Return exactly the span of lines in the following data that opens with the line containing "III WOMEN'S YOUTH" and closes with the line containing "100802053-21-1/1". Include nothing else.
═════ Materials provided ═════
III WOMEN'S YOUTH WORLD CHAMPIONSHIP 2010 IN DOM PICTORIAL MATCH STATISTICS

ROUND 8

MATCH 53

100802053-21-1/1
═════
═════ Materials provided ═════
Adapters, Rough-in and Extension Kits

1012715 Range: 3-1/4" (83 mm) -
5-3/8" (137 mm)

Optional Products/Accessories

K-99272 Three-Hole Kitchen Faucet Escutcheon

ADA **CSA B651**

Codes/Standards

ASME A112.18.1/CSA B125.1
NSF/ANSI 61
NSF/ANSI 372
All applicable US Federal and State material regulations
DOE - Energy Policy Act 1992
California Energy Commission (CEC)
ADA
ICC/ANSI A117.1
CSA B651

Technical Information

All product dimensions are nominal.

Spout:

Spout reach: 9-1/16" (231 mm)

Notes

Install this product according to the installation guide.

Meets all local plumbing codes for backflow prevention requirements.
═════
═════ Materials provided ═════
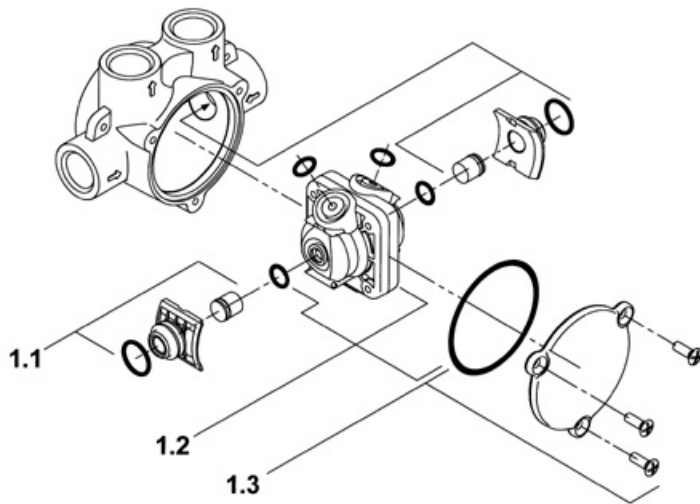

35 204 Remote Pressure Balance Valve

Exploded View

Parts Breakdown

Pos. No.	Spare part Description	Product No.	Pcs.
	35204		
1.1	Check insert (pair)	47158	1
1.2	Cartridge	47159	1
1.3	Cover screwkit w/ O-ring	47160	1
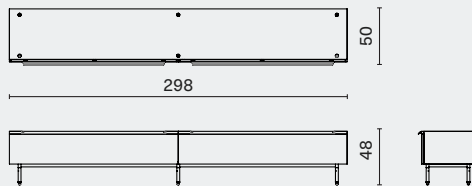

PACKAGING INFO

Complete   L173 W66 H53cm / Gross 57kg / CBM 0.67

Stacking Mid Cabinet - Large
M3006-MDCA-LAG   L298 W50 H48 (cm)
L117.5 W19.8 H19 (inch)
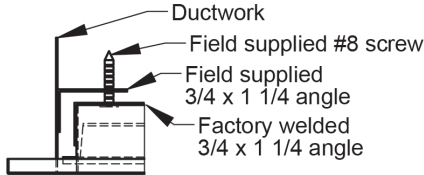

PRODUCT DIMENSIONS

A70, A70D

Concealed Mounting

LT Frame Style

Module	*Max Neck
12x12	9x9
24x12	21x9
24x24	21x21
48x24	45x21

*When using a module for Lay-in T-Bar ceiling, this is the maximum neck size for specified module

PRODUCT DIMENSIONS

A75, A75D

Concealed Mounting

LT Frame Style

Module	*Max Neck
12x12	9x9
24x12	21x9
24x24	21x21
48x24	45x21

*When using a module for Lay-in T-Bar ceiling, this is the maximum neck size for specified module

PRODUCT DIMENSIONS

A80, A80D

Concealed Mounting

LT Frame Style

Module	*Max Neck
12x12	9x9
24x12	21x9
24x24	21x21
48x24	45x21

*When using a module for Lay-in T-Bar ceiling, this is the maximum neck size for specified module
═════
Answer for the task:
III WOMEN'S YOUTH WORLD CHAMPIONSHIP 2010 IN DOM PICTORIAL MATCH STATISTICS

ROUND 8

MATCH 53

100802053-21-1/1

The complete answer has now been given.